==== EXTRACTED DATA
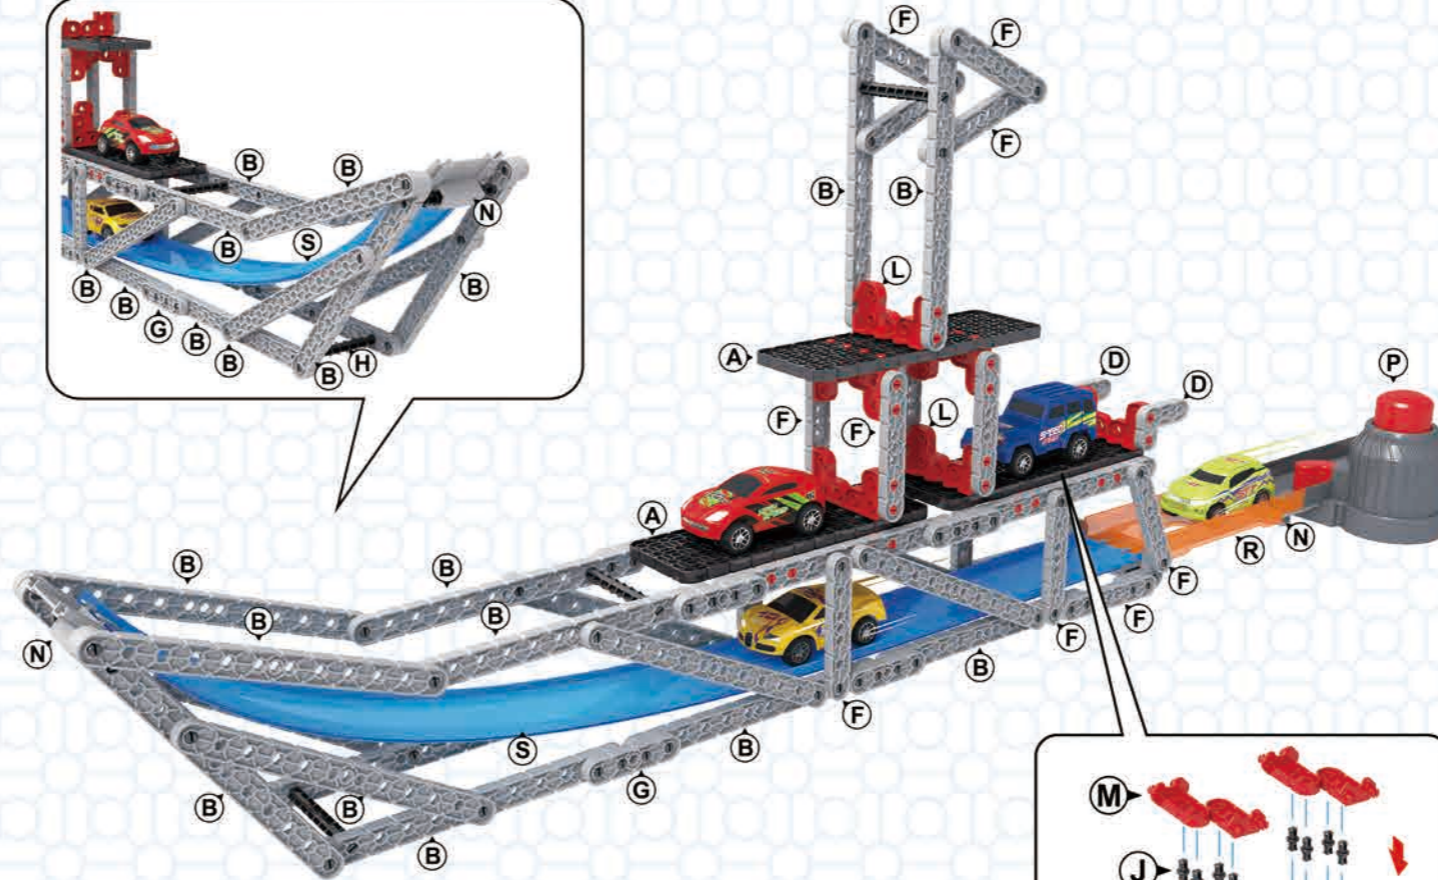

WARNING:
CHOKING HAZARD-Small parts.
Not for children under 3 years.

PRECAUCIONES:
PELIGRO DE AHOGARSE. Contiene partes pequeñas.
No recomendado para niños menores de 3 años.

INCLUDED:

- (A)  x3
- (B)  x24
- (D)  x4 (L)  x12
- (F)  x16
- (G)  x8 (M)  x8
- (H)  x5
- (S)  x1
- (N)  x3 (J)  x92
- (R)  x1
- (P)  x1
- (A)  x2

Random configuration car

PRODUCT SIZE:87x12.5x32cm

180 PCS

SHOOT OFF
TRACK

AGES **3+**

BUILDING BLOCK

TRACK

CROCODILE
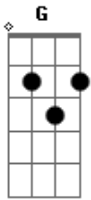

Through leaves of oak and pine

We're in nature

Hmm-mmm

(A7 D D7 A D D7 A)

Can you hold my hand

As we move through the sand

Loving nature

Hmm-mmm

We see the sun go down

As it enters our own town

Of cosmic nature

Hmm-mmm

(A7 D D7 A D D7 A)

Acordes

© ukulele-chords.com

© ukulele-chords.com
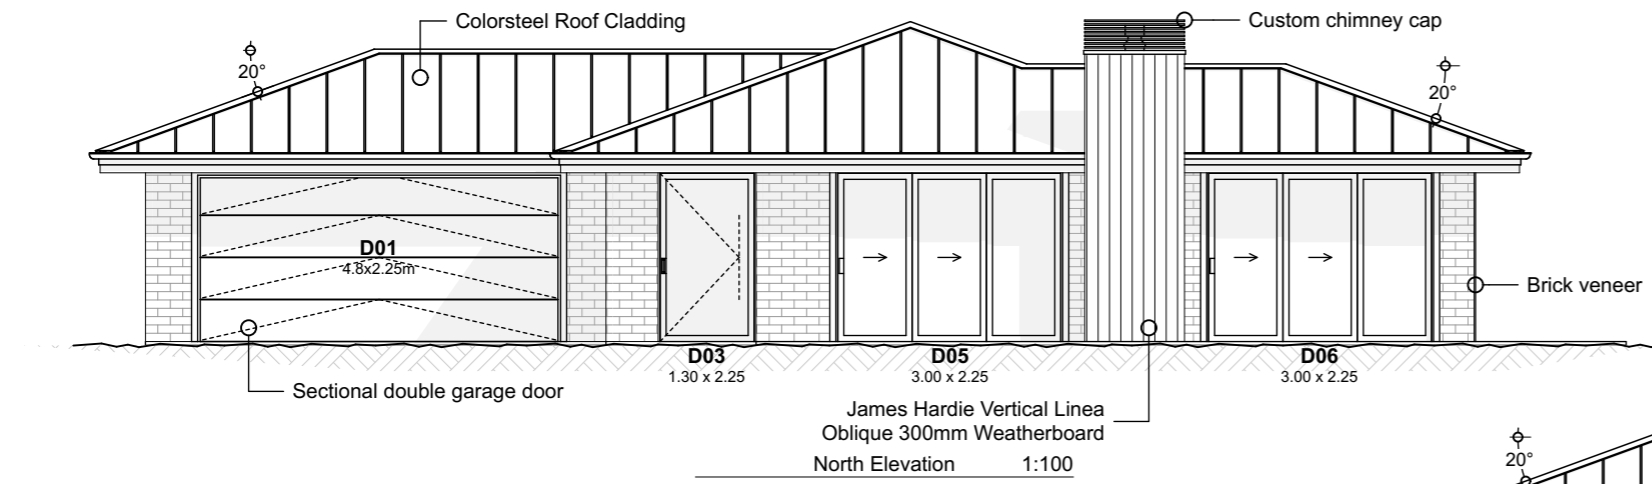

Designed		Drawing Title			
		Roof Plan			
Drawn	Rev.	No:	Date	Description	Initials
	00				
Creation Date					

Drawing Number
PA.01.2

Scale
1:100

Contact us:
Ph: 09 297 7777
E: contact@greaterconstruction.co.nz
========
_ASSIGNMENT_
Reproduce every line of the listing above in which the string "Date" appears.

_EXERCISE RESPONSE_
Drawn	Rev.	No:	Date	Description	Initials
Creation Date					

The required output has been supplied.